# First time smoking a London broil



## sean648 (Jul 7, 2012)

They were buy one get one free so I decided to try it out. Marinated with a pack of McCormick bourbon and brown sugar, then a heavy coating or rub before going in my MES30. Smoked for about an hour and a half at 230 using the AMNPS with a mix of oak and cherry pellets. Then on to a screaming hot grill for 3 minutes a side. Came out much better than I expected considering I only marinated for an hour.


----------



## s2k9k (Jul 7, 2012)

That looks Great! Did you check IT before it hit the grill? I have 4 of them in the freezer waiting to become jerky but I might just try this with one of them!

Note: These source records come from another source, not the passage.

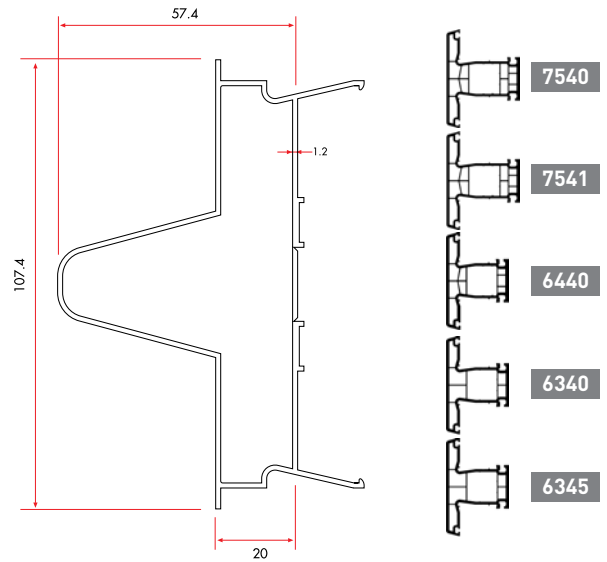

110042 **1.042 gr/m**

1 Pack : 6x6 m = 36 m

ALUMINIUM CLADDING PROFILES

Mullion
Wide Aluminium Cladding

110043 **769 gr/m**

1 Pack : 6x6 m = 36 m

Mullion with Fly
Screen Wide Aluminium Cladding

110044 **1.161 gr/m**
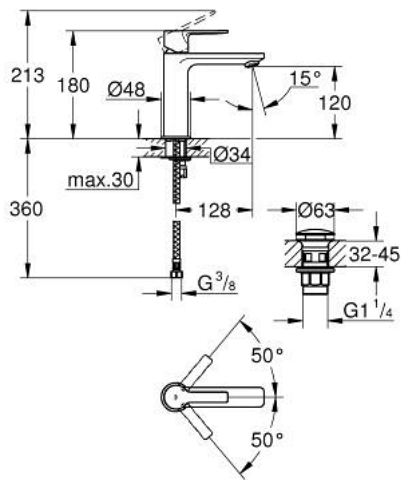

23 106 AL1 LINEARE SINGLE-LEVER BASIN MIXER S-SIZE

PRODUCT DESCRIPTION

- Colour: brushed hard graphite
- single hole installation
- metal lever
- GROHE SilkMove 28 mm ceramic cartridge
- with temperature limiter
- GROHE LongLife finish
- GROHE EcoJoy - less water, perfect flow
- maximum flow rate (at 3 bar): 5 l/min
- SpeedClean Mousseur
- GROHE FastFixation Plus installation system
- smooth body with push-open waste set 1 1/4"
- flexible connection hoses

23 106 AL1 LINEARE SINGLE-LEVER BASIN MIXER S-SIZE

SPARE PARTS, March 2019 – now

- 1: Lever (Spare part-nr. 46980AL0)
 - 2: Shield (Spare part-nr. 46581AL0)
 - 3: Fitting ring (Spare part-nr. 07419000)
 - 4: Cartridge (Spare part-nr. 46580000)
 - 5: Mousseur (Spare part-nr. 48159AL0)
 - 6: Shank mounting kit (Spare part-nr. 46645000)
 - 7: Pop-up waste set (Spare part-nr. 65807AL0)
 - 8: Mounting wrench (Spare part-nr. 19017000)*
- * Optional accessories

London Broil Reverse Sear....hmmmm http://www.smokingmeatforums.com/t/124575/the-continuous-reverse-sear-thread

When you get a minute would you do us a favor and go to "Roll Call" and introduce yourself so we can get to know you and give you a proper welcome, also would you add your location to your profile, we like knowing where you are when we talk to you, Thanks!


----------



## sean648 (Jul 7, 2012)

didn't check the temp from the smoker, just poked it a little to make sure it wasn't getting tough. It was just under 140 after pulling it off the grill.


----------



## s2k9k (Jul 7, 2012)

So I'm thinking about 120*-125* off the smoker,Thanks Man! This has got those little wheels a'turning!


----------



## smokinhusker (Jul 8, 2012)

Oh my that looks so delicious!!! Great job and thanks for the time and temp info.


----------



## flash (Jul 8, 2012)

I usually shoot for 135º internal, then wrap them for an hour in foil. Slice and serve. Good job.


----------



## davidhef88 (Jul 8, 2012)

Another thing to add to the to-do list. Some good looking beef.


----------